The Good Grief
As Becky Allender recently reflected, during the holidays we are often confronted with loss and grief in a deep, profound way. Here, Andrew Bauman, a licensed mental health counselor, writes about his own experience with sense of loss during this season and about how we can honor grief even when it contradicts the expectations of those around us.
“You will lose someone you can’t live without, and your heart will be badly broken, and the bad news is that you never completely get over the loss of your beloved. But this is also the good news. They live forever in your broken heart that doesn’t seal back up. And you come through. It’s like having a broken leg that never heals perfectly—that still hurts when the weather gets cold, but you learn to dance with the limp.”
Grief is paradoxical. Seems to be the only thing that makes me feel better is to initially feel worse. We all grieve and cope with loss differently, yet we are all told what is normative or expected of us in the midst of our pain. Whether it be American culture, our religious subculture, or the unsaid norms within our own families, each demands something of us when tragedy suddenly strikes.

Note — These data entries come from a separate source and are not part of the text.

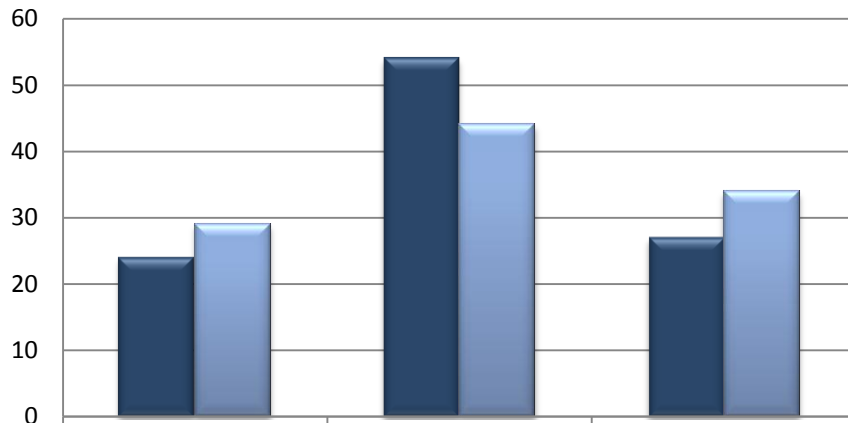

International Student Headcounts in SMCCCD

	Cañada	CSM	Skyline
Fall 2008	24	54	27
Spring 2009	29	44	34

Rate Code contains F1

Residency Code = 8

Citizenship Code = 5

Source: SMCCCD Banner System

Despite all of these contradictions of expectation, I do have the luxury—or possibly curse—of knowing what I feel. There is no paradox within my own broken heart: I have done a lot of grieving over the past few years. I have given myself over to the sacred practice, and the work has made me highly in tune with my body and what it needs. This is great, and it also sucks.
I must invite grief to baptize me, for the hope of liberation is in the waters of the pain. But I have written about inviting the sacrament of grief before, and this is not about inviting grief; it’s about what to do when it has already arrived.
I lost my dear sister-in-law the spring of this past year to cancer. It happened too quickly—Christmas last year we celebrated her remission, we played games, we laughed, and we told stories of the future. In March we heard her cancer had returned. A few weeks later in April I held her hand in the hospital as she was on life support and stood next to my brother making the impossible decision to pull the plug. It felt cruelly quick, not for her sake but for ours.
I was not ready to say goodbye.
I was not ready to say goodbye, to never talk with her again. It felt like a sudden car accident, and I still feel the whiplash. At her funeral service the pastor told us to wipe the tears away knowing that she was now in heaven. I cried harder, not because she was in heaven but because she was no longer with us.
With the holiday season upon us, I acutely feel the weight of her absence. Her laughter at my inappropriate jokes, the beauty of her heart and voice. I wanted to hear her wheeze when she laughed. We would only see each other once or twice a year as we lived across the country, so my heart feels ready to reunite this Christmas; my mind knows I will not.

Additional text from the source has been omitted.